Entre Lúcida e Rosinha, por Ivonete Pinto
Lúcida (SP), curta-metragem dos diretores Fábio Rodrigo e Caroline Neves, é de um arrojo formal e de uma contundência temática poucas vezes vista no Festival de Cinema de Gramado. Há quem o tenha odiado (termo usado por um convidado chileno do festival em conversa informal) por entender que o filme explora a miséria. Um estrangeiro talvez não tenha condições de atentar para a densidade e à carga de verdade que está em cena. Em enquadramentos rigorosos, plásticos e informativos, vemos a solidão em curso de uma mulher abandonada pelo pai de seu filho recém-nascido. Uma progressão construída ao reverso do tempo: conhecemos como a mulher chega no atual estado de desespero por imagens do bebê registradas em celular e imagens de ecografia do feto. Também temos acesso aos sentimentos do jovem mostrados de maneira não plana, ou seja, alguém que expõe seus motivos para não querer ser pai, sem sentimentalismo ou julgamento. O cenário é um casebre na periferia de São Paulo, onde, até antes das filmagens, viveram os protagonistas e diretores do filme e seu bebê. Fábio Rodrigo, diretor negro de origem pobre, formado em cinema graças a uma bolsa do Movimento dos Trabalhadores Sem-Teto, é marido de Caroline Neves, atriz e montadora do curta.
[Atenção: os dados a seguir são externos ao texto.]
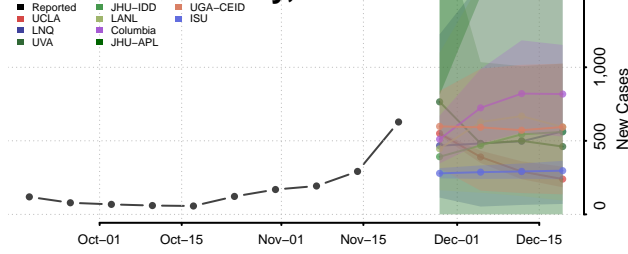

Wolfe County, Kentucky

Woodford County, Kentucky

Louisiana

Acadia County, Louisiana

Allen County, Louisiana

Ascension County, Louisiana

Assumption County, Louisiana

Avoyelles County, Louisiana

O filme fala por si, mas se acrescido do extrafílmico que envolve os realizadores, temos uma dimensão maior e mais aproximada do seu universo diegético. Mesmo que seja uma ficção, há algo ali que impacta o espectador, que ultrapassa o mero realismo e penetra na realidade da experiência vivida. Fosse exploração da miséria, como viu o chileno, Lúcida não traria personagens tão complexos como uma mulher em profunda crise de depressão e um jovem com dúvidas existenciais. É preciso que realizadores como este casal, vindos de um extrato diverso do habitual de quem faz cinema no Brasil, nos diga que estes componentes psicológicos do filme são verossímeis. Trata-se de um filme raro, incomum e com uma força que impressiona.
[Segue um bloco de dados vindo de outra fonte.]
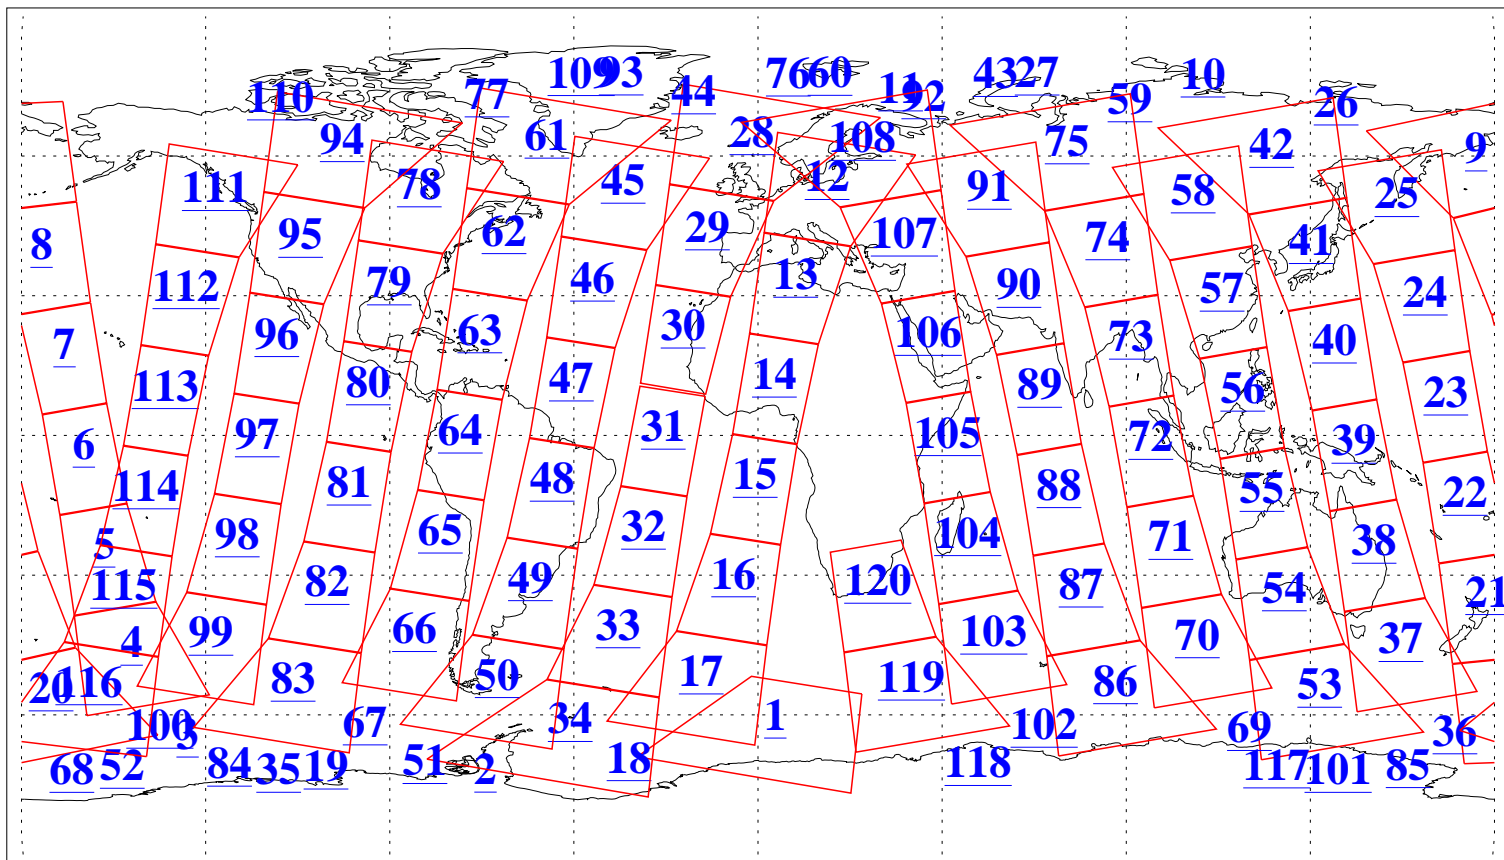

L1B Availability
AMSU Granules: 240
HSB Granules: 0
AIRS Granules: 240

23 Apr 2015
DoY 113
Aqua Day 4737
Granules: 1 to 120

Granules: 121 to 240

Legend: AMSU Available, HSB Available, AIRS Available

L1B Availability
AMSU Granules: 240
HSB Granules: 0
AIRS Granules: 240

23 Apr 2015
DoY 113
Aqua Day 4737

Ascending Granules

Descending Granules

Legend: AMSU Available, HSB Available, AIRS Available

L1B Availability
 AMSU Granules: 240
 HSB Granules: 0
 AIRS Granules: 240

23 Apr 2015
 DoY 113
 Aqua Day 4737

Northern Hemisphere Granules

Southern Hemisphere Granules

Legend: AMSU Available, HSB Available, AIRS Available

Lúcida ganhou o Prêmio da Crítica (ACCIRS), sensível ao poder da proposta. Outros júris, o oficial e o do Canal Brasil, optaram por Rosinha (DF), de Gui Campos. Como participante da Comissão de Seleção dos Curtas Brasileiros e do júri do Canal Brasil, é possível afirmar que Rosinha, com justiça, pode ser defendido como um belo filme, competente em seu formato: em poucos minutos, a narrativa enxuga o relacionamento de um casal de idosos, onde integra-se um terceiro idoso formando um Dona Flor, um Jules e Jim ou outra comparação qualquer adaptada à terceira idade. Um filme-piada bem resolvido, num desfecho com um humor e uma leveza que calham bem no equilíbrio da programação de um festival com curtas e longas no mesmo dia. Um filme para o público apreciar, mas não necessariamente para a crítica destacar. Conclusão: o reconhecimento ao curta de Fábio Rodrigo e Caroline Neves veio de onde se esperava que viesse. E está tudo certo.